Indeed,” writes L.H. Hackstaff in his introduction to Saint Augustine: On Free Choice of the Will, “it is not too great an exaggeration to say that Neo-Platonism provided Augustine and the Christian Platonists who followed him with the theoretical substructure on which their theology was built. It seems that Augustine never abandoned the Platonistic matrix of his Christian theology.”

The late Enoch Powell, classicist and British parliamentarian, takes Hackstaff’s conclusion a step further. He sees Augustine arriving, “ironically, at a sort of synthesis of all the major philosophical lines descended from the Platonic Socrates: Epicurianism . . . Stoicism . . . [and] Platonism.”

This may explain how Augustine’s thinking came to differ so from the teachings of the Bible. His approach was dominated by a dualism derived from the philosophers—a dualism that set one part against the other, principally spiritual against physical. One was right, the other was wrong.

Yet, while the Bible speaks in dual ways of the spiritual and the physical, the outer and the inner, the present and the future, it does not necessarily ask us to ignore one in favor of the other but proposes attention to both.

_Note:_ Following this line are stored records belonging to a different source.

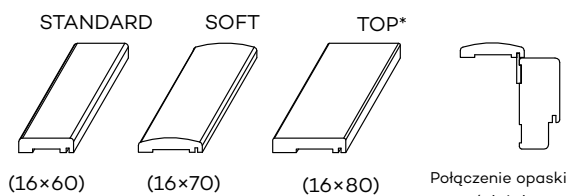

OPASKI MASKUJĄCE

Zastosowanie: do ościeżnicy prostej, prostej SOFT

Zawartość kompletu (na jedną stronę drzwi): opaska pozioma i dwie pionowe, zaczepy plastikowe, kołki oraz spinki zaciskowe. Opaski maskujące pakowane są w karton.

CENY OPASEK

model	Cell, 3D, Finish, CPL gr. 1		CPL gr. 2		malowane	
	netto	brutto	netto	brutto	netto	brutto
STANDARD	76 zł	93,48 zł	84 zł	103,32 zł	159 zł	195,57 zł
SOFT	87 zł	107,01 zł	96 zł	118,08 zł	179 zł	220,17 zł
TOP*	93 zł	114,39 zł	104 zł	127,92 zł	189 zł	232,47 zł
Do drzwi dwuskrzydłowych	+30%					

* opaska maskująca TOP nie jest dostępna w kolorach folii Finish
Laminat CPL gr. 2 dotyczy laminatu dęb halifax naturalny w usłojeniu wzdłużnym.

ĆWIERCWAŁKI

Ćwiercwałek służy do maskowania kąтового połączenia ściany i ościeżnicy. Jednostką handlową jest sztuka. Ceny ćwiercwałków

model	cena netto	cena brutto
ćwiercwałek	17 zł	20,91 zł
ćwiercwałek SOFT	17 zł	20,91 zł
ćwiercwałek malowany	41 zł	50,43 zł
ćwiercwałek malowany SOFT	41 zł	50,43 zł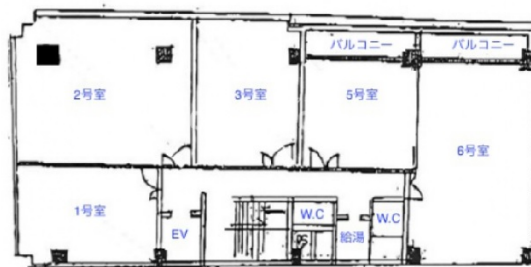

# 第3青山ビル 4階9坪

大阪府大阪市北区西天満4-12-22

## 物件MAP

賃貸条件	
坪数	9坪
階数	4階 (401)
入居可能日	
ビル情報	
所在地	大阪府大阪市北区西天満4-12-22
最寄り駅	大阪メトロ御堂筋線 淀屋橋駅 徒歩8分 大阪メトロ谷町線 東梅田駅 徒歩8分 JR東西線 北新地駅 徒歩9分 大阪メトロ堺筋線 南森町駅 徒歩10分 京阪中之島線 大江橋駅 徒歩6分
エリア	東梅田・西天満エリア
竣工	1974年3月
耐震	旧耐震基準
階数	地上4階 地下1階
用途	事務所
構造	SRC造
設備情報	
エレベーター	1基
空調	個別空調
OAフロア	タイルカーペット
基準階天井高	
光ファイバー	有り
トイレ	調査中
セキュリティ	有り
駐車場	無し

事務所移転の簡単検索サイト

第3青山ビル 4階9坪 大阪府大阪市北区西天満4-12-22

東梅田・西天満エリア (ビルID: 0021753) の賃貸オフィス

クイックサービス

貸事務所・レンタルオフィス・オフィス移転ならQuickService

物件詳細はこちらから

 0120-55-2620

【受付時間】平日9:30~18:30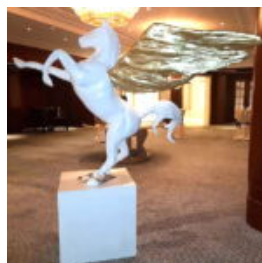

FIGURA DEKORACYJNA DUŻY PEGAZ NA PODSTAWIE

Numer artykułu:
Pegaz
Opis produktu:
Figura dekoracyjna Pegaz
...

The physical helps us to understand the spiritual; the present is as important as the future. What we do externally is judged, but so is the internal.

This approach was reflected in Hebraic thought, and that of the apostle Paul in particular, in that it looked upon humanity as a whole rather than as an assemblage of discrete parts. Hebraic thinking was more nuanced than the rigid logical syllogisms of the philosophers. Raised in a religious culture that had sought to reject its Jewish roots, Augustine had been caught by the trap of the philosophers.

The fact is that reality exists both here and now as well as in the future. Contrary to the beliefs of the philosophers, that reality is not based on reason alone; it also requires faith. It is a more demanding path than that taken by any of the philosophies, which is why Jesus Christ described his way as a difficult one, which so few find (Matthew 7:14).

On reflection, the lesson of Augustine’s lifework could be summed up as follows: No matter how hard you try to reconcile the two, Jerusalem has nothing to do with Athens. Faith and philosophy exist on totally different planes. Any attempt to syncretize the two leads to the denial of one. Augustine’s efforts to marry them, whatever his purpose, in the end simply re-dressed paganism with Christian nomenclature.